### Source material ###

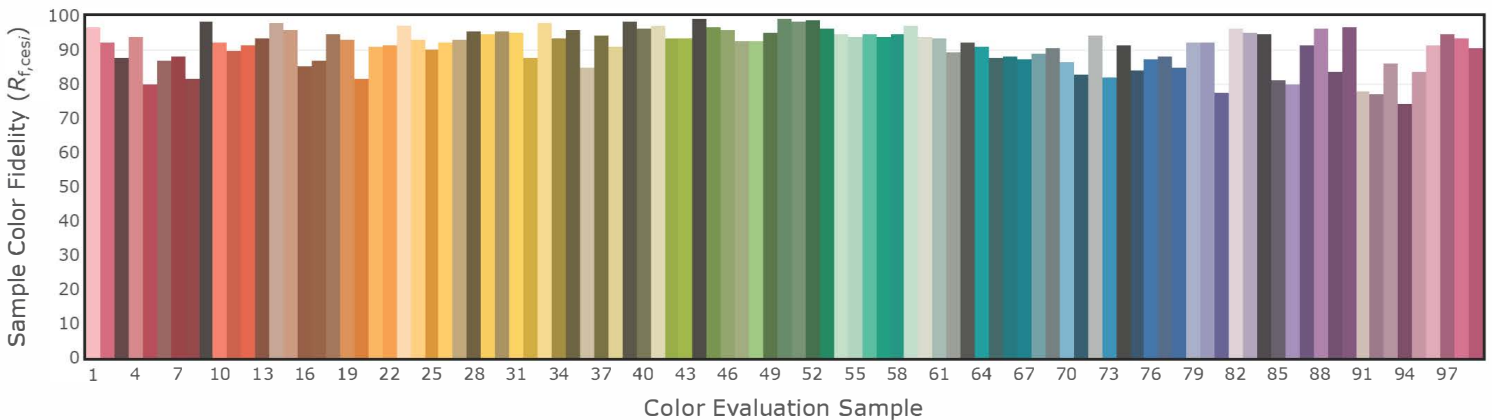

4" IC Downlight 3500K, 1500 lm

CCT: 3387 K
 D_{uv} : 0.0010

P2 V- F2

###
### Source material ###

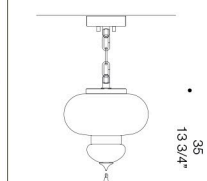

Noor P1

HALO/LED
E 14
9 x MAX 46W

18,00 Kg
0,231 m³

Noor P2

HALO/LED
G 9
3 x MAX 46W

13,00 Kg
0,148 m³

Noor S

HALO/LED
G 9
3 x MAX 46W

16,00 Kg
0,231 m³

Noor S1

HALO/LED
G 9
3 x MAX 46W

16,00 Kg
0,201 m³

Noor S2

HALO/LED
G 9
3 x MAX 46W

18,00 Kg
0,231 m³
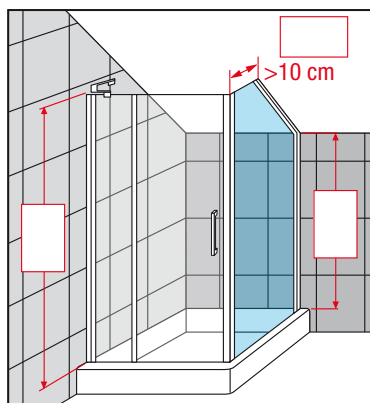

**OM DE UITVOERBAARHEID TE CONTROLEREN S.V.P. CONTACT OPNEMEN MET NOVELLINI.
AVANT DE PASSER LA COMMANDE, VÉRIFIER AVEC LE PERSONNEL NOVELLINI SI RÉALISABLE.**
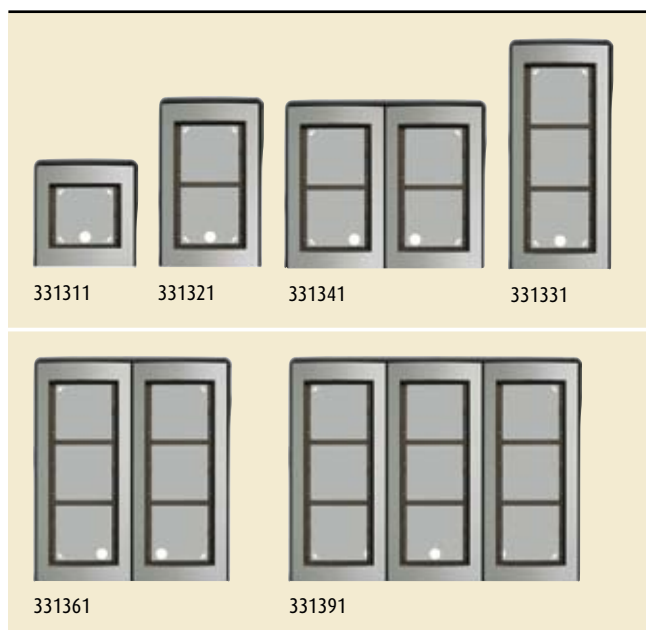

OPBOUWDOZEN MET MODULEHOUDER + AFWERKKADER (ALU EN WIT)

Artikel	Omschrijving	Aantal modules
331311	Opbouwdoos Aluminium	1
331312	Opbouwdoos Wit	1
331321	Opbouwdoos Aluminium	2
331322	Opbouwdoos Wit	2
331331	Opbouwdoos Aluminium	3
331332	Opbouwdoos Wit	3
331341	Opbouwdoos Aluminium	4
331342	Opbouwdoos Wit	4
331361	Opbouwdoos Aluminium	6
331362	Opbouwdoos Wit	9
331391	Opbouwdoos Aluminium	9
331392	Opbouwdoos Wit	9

###

▸ **The task**:
When the word "Opbouwdoos" turns up on a line of the material above, copy that line.

▸ **Solution to this task**:
331311	Opbouwdoos Aluminium	1
331312	Opbouwdoos Wit	1
331321	Opbouwdoos Aluminium	2
331322	Opbouwdoos Wit	2
331331	Opbouwdoos Aluminium	3
331332	Opbouwdoos Wit	3
331341	Opbouwdoos Aluminium	4
331342	Opbouwdoos Wit	4
331361	Opbouwdoos Aluminium	6
331362	Opbouwdoos Wit	9
331391	Opbouwdoos Aluminium	9
331392	Opbouwdoos Wit	9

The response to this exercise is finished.